2) The purpose of the dsm is not to serve as a management or practice guide. It's especially useful in research, studies, trials, etc because it gives us a common language.

3) It's more than a terminal illness in this case. They have a terminal illness that is specifically LINKED WITH DEPRESSION(apart from the terminal aspect of it). We also have a pt who has been bothered by something who presents to a psychiatrist. I'd be willing to bet this pt is depressed. Again, I would try to develop that rapport and talk with them to really explore it a bit more. Here is the key, and something I would encourage you to learn since you clearly don't get it now- me asking a pt whether they have poor concentration and them saying "yeah" is about 50x less meaningful than me engaging the pt in conversation in such a way that HE TELLS ME unprompted that he hasn't been reading the sunday paper anymore and that he used to the last 20 years.....
 
2) The purpose of the dsm is not to serve as a management or practice guide. It's especially useful in research, studies, trials, etc because it gives us a common language.


Man, just straw man argument after straw man with your posts, vistaril. Sluox never said it was for a management practice guide.

DSM was developed because there is low inter-clinician reliability for common diagnosis like depression, and given there's no objective markers for these disorders, we need to be especially careful.

Interrater reliability refers to Diagnosis, not management.
 
Man, just straw man argument after straw man with your posts, vistaril.

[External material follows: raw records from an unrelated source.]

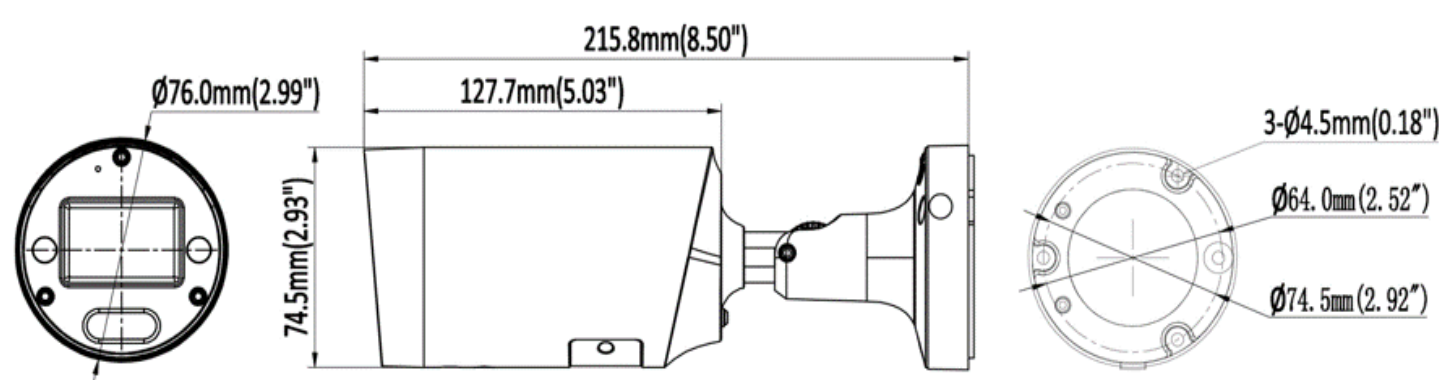

IPC4BV2R4-I1-TMLZ

4MP Starlight Motorized Bullet Network Camera

Key Features:

- High quality imaging with 4MP resolution
- Motorized varifocal lens for easy installation and monitoring
- Efficient H.265+ compression technology
- Clear imaging against strong backlight due to 120 dB WDR technology
- Water and dust resistant (IP67)
- Built-in microphone for real-time audio security

Interface	
Communication interface	1 RJ45 10 M/100 M self-adaptive Ethernet port
On-board storage	up to 256GB
MIC	Support
Speaker	N/A
Audio I/O	N/A
Alarm I/O	N/A
Reset button	Support
General	
Operating Conditions	-40°F ~ 140°F (-40°C ~ 60°C) Humidity 95% or less (non-condensing)
Power Supply	DC12V ± 25%
POE	PoE (802.3af)
Power Consumption	MAX.8.5W
Protection Level	IP67
Material	Metal
Dimensions	Φ2.99" × 8.50" (76 × 215.8 mm)
Gross Weight	920g

■ Dimensions

■ Related Accessories

Junction Box, 145*145*53.5MM LB01B	Junction Box, non waterproof, Φ 102*40MM LB02	Junction Box, Φ 112.5*49.5MM AC-JB02	Pole Mount AC-PM02	Pendent Mount AC-CMB02

© Homaxi Inc. All rights reserved.
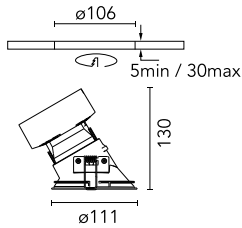

### Main specifications

<b>Number of heads</b>	1	<b>CRI</b>	90
<b>Lamp category</b>	LED	<b>Net lumen (lm)</b>	1638
<b>Power (W)</b>	25.9W	<b>Mountings</b>	Ceiling recessed
<b>System power (W)</b>	25.9	<b>Environment</b>	Indoor dry location
<b>CCT (K)</b>	2700K		

Beam Angle: 26°

h(m)	E(lx)	D(m)
1	4730	0.58
2	1183	1.15
3	526	1.73
4	296	2.31
5	189	2.89

Luminous flux luminaire  
1638 lm (EXTREME CUT OFF)

### Physical

<b>Color</b>	Gold	<b>Spot diameter (mm)</b>	111
<b>Orientation</b>	Fixed		
<b>Trim</b>	yes		
<b>Recessed depth (mm)</b>	134		
<b>Weight (kg)</b>	0,53		
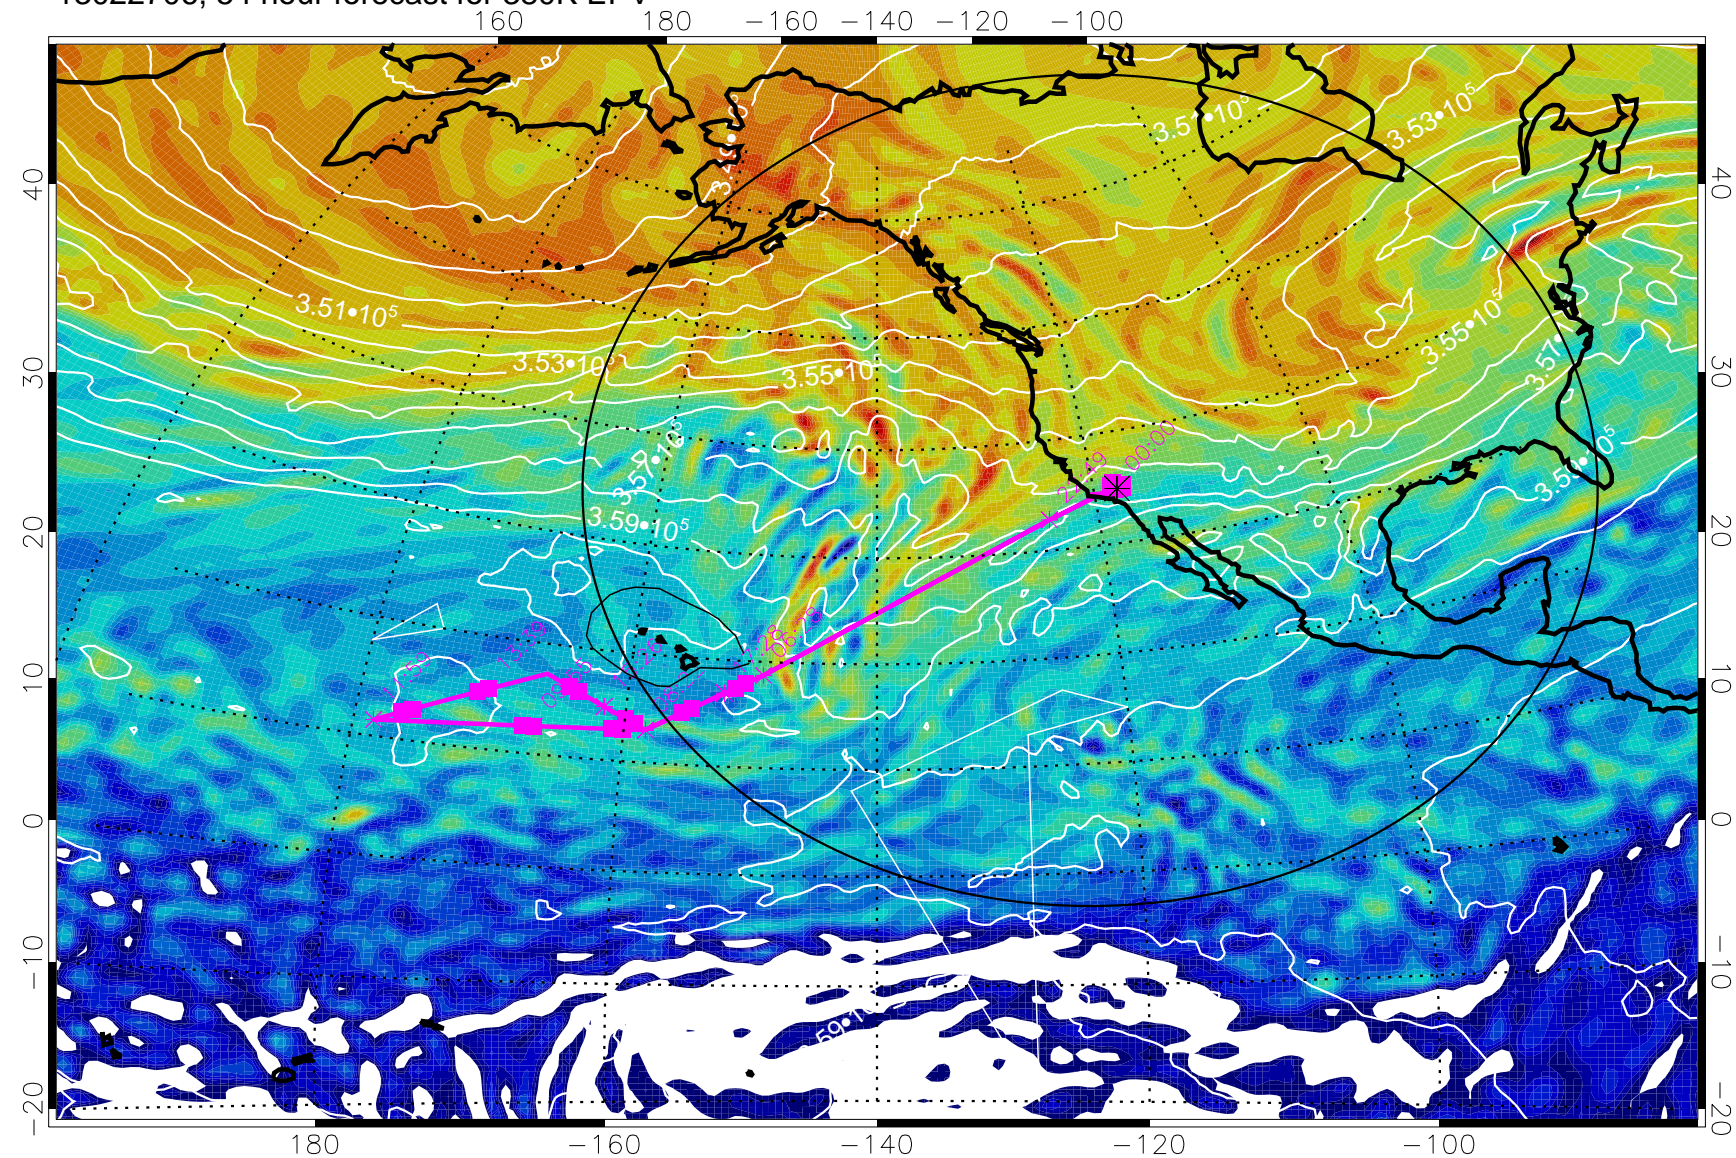

13022606, 30 hour forecast for 380K EPV

380K Montgomery Streamfunction, white

Range ring of 4055 km -- 13 hours GH round trip

13022612, 36 hour forecast for 380K EPV

380K Montgomery Streamfunction, white

Range ring of 4055 km -- 13 hours GH round trip

13022618, 42 hour forecast for 380K EPV

160 180 -160 -140 -120 -100

$-5.0 \cdot 10^{-6}$ 0 $5.0 \cdot 10^{-6}$ $1.0 \cdot 10^{-5}$ $1.5 \cdot 10^{-5}$
PVU

380K Montgomery Streamfunction, white

Range ring of 4055 km -- 13 hours GH round trip

13022700, 48 hour forecast for 380K EPV

380K Montgomery Streamfunction, white

Range ring of 4055 km -- 13 hours GH round trip

13022706, 54 hour forecast for 380K EPV

380K Montgomery Streamfunction, white

Range ring of 4055 km -- 13 hours GH round trip

13022712, 60 hour forecast for 380K EPV

160 180 -160 -140 -120 -100

380K Montgomery Streamfunction, white

Range ring of 4055 km -- 13 hours GH round trip

13022718, 66 hour forecast for 380K EPV

160 180 -160 -140 -120 -100
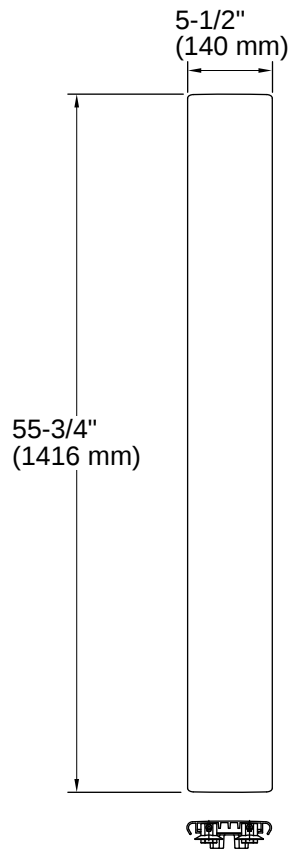

Installation Notes

Install this product according to the installation instructions.
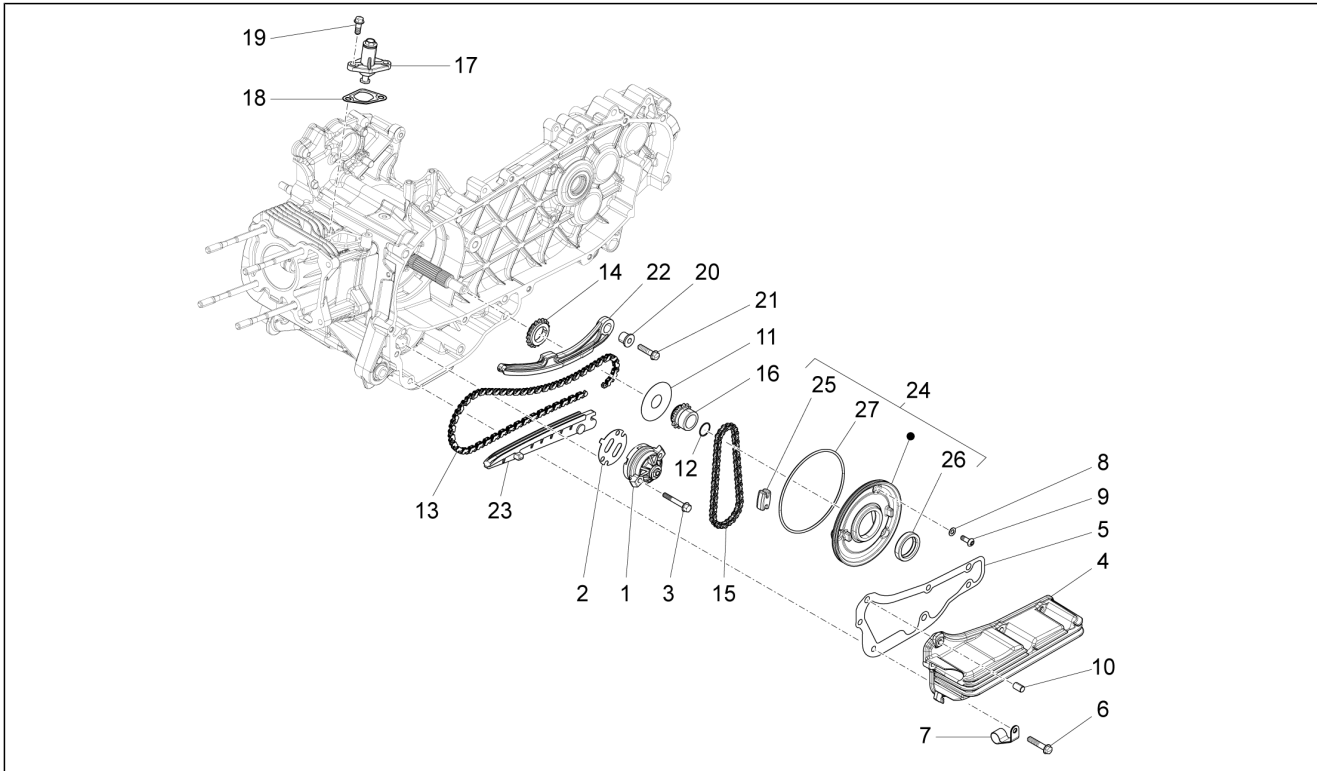

Group	Engine
Code	01.18
Description	Oil pump
Service	1

Pos.	Code	Description	Qty	Variants
1	82948R	Oil pump assembly	1	
2	B015460	Oil pump/crankcase gasket	1	
3	B015992	Screw w/ flange M5x35	2	
4	B013437	Pan oil	1	
5	B014152	Sump gasket	1	
6	1A000317	Screw w/ flange M6x30	7	
7	B017678	Retainer clamp	1	
8	B015975	Flat washer	3	
9	B016455	Hex socket screw M5x14	3	
10	B015951	Locating dowel	3	
11	B015450	Oil seal washer	1	
12	B015451	O-Ring seal ring	1	
13	879460	Camshaft chain	1	
14	82782R	Timing chain pinion	1	
15	B015459	Oil pump chain	1	
16	82783R	Oil pump control pinion	1	
17	82650R	Complete chain tensioner	1	
18	B015444	Cylinder/chain tensioner gasket	1	
19	1A000315	Screw w/ flange M6x16	2	
20	B015445	Chain tensioner rod spacer	1	
21	1A000350	Screw w/ flange M6x25	1	
22	1A000796	Chain tensioner rod	1	
23	879459	Chain tensioner sliding block	1	
24	B015416	Timing system cover	1	
25	434345	Oil pump chain drift	1	
26	B015448	Gasket ring 24x35x7	1	
27	B015449	O-Ring seal ring	1

Sluox never said it was for a management practice guide.


Interrater reliability refers to Diagnosis, not management.

and diagnosis in many cases leads to/affects management......
 
I read these forums a lot and try not to post too much seeing as I'm only a medstudent. But vistaril since you have started posting the whole mood/demeanor of the forum has changed for the worse. While I'm sure everyone appreciates getting alternative viewpoints, you seem to present them in ways that intentionally breed a sense of abrasion/conflict/condescension. I know this is the norm for most online forums, but I always enjoyed reading this one because it doesn't become a "competitive sport" between posters.